To take an extreme (for the sake of illustration) case, assume the box had two H-atoms flying about at some (sufficiently low) speed v. Initially, they are far enough from each other that the PE between them can be neglected. At some point of time, they happen to approach close enough that they feel the mutual attractive force of the other atom. This causes an acceleration towards each other (in the process decreasing the PE and increasing the KE). Soon, they are close enough that a bond forms between them (they attain the minimum possible PE).
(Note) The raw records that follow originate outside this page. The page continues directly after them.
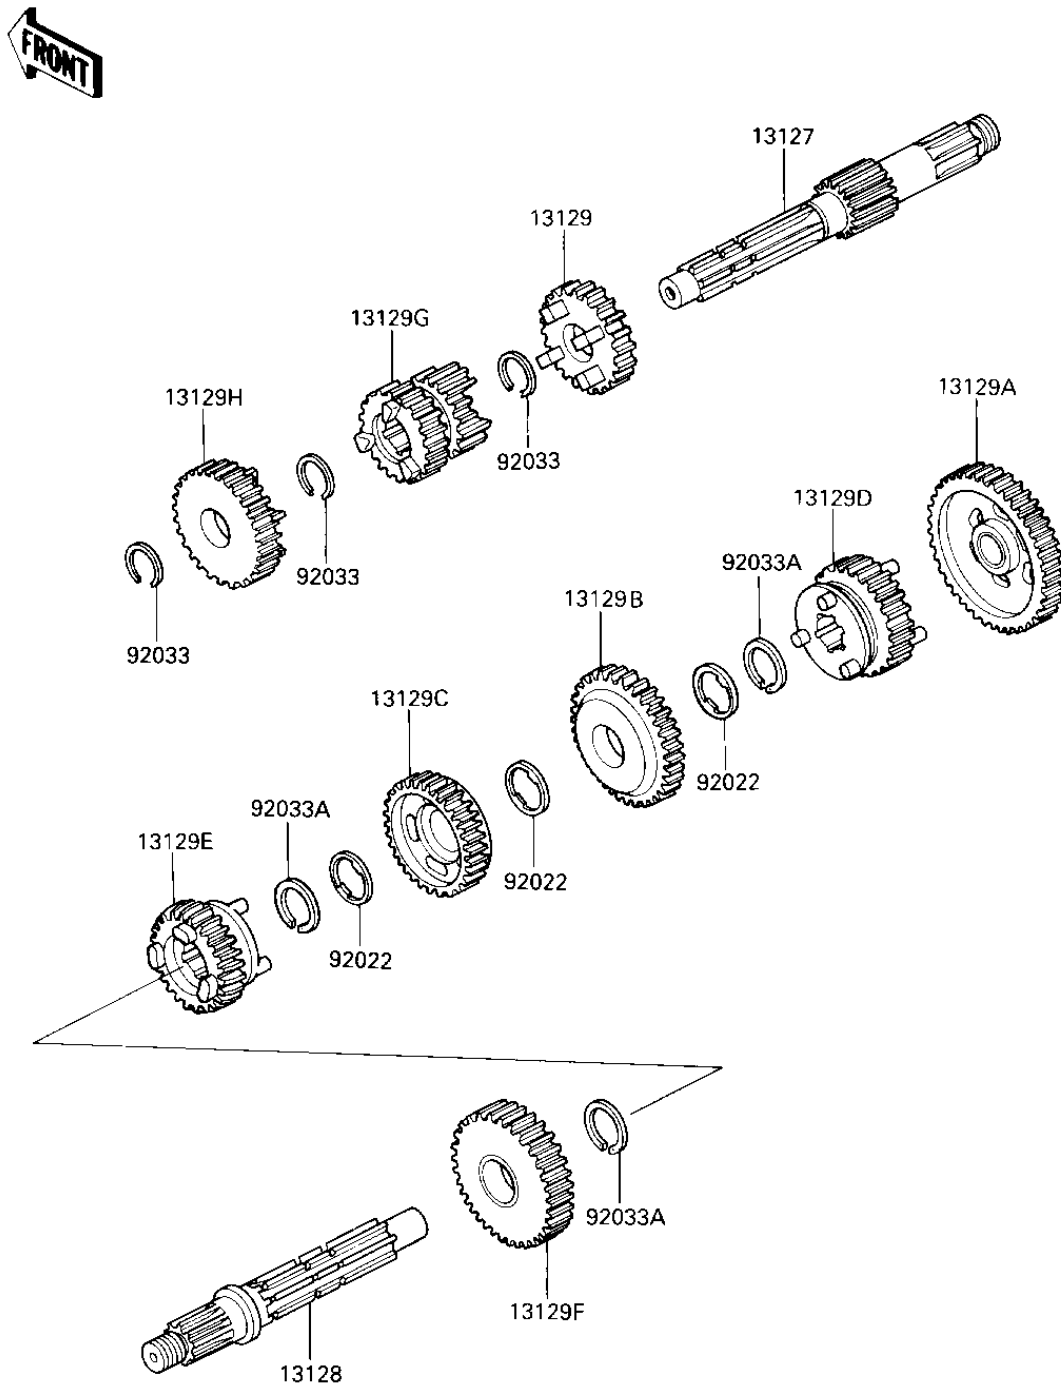

1985 KLT160

PARTS DIAGRAM TRANSMISSION

E1361-0144

1985 KLT160

PARTS LIST TRANSMISSION

ITEM NAME	PART NUMBER	QUANTITY
-----------	-------------	----------
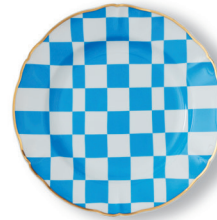

Piatto piano / Dinner plate
Ø 26,5 cm

Piatto fondo / Deep plate
Ø 23 cm

Piatto piano / Dinner plate
Ø 26,5 cm

Piatto fondo / Deep plate
Ø 23 cm

ABR00003
Destino

ABR00043
Incanto

ABR00004
Magia

ABR00044
Fulmine

Piatto frutta / Fruit plate
Ø 20,5 cm

Piatto portata rotondo /
Round platter Ø 32,5 cm

ABR00027
Enigma

ABR00028
Talismano

ABR00029
Righe

ABR00030
Indovino

ABR00091
Torre

Adatto per lavastoviglie max 250 lavaggi. Non adatto per microonde.
Dishwasher safe max 250 washings. Not microwave safe.

The energy released during this bond formation goes into their KE - the resulting molecule has a total KE greater than the sum of KEs of the individual atoms.

If we have a large number of such atoms, we would measure the increased KE as an increase in temperature, so long as the molecules do not lose energy through inelastic collisions with the box wall (fortunately, this is disallowed by calling the system isolated).

 

[nikdandeker]

as per what u have said(gokul), u have converted the system into just an isolated system.I completely understood your explanation but the main prob here is that u have modified the actual statement of the question, in a sense, haven't u? i mean when i say that there is an "adiabatic process" taking place, i have quite a bit of freedom in changing the parameters of the systems, keeping it isolated.while ur case considers only the fact that it is isolated.and not that the parameters can be changed.

what do u say?

 

[Gokul43201]

I'm not sure I understand what you're saying here. How do you define an adiabatic process ?

 

[Borek]

I'm not sure I understand what you're saying here. How do you define an adiabatic process ?

Adiabatic process is the one where heat is not exchanged with surroundings, but AFAIK nothing prevents it from loose energy doing some work. Work cycle in piston engine is almost adiabatic (fast enough to make heat exchange neglibile), yet it does some work loosing energy.

IMHO question is poorly worded - the idea was that there is no heat exchange so temperature must rise, but if system is allowed to expand (without heat exchange) its temperature may be constant or even decrease.

 

[Gokul43201]

I agree with that. I assumed the system was isochoric (else molecular speeds will not be conserved), which is unjustified.

 

[Borek]

Heh, I have forwarded the question to some other place inhabited mostly by teachers (HS, college and Uni levels). Somebody proposed to add ice to the system to use latent heat to not allow temperature change

And D is THE correct answer.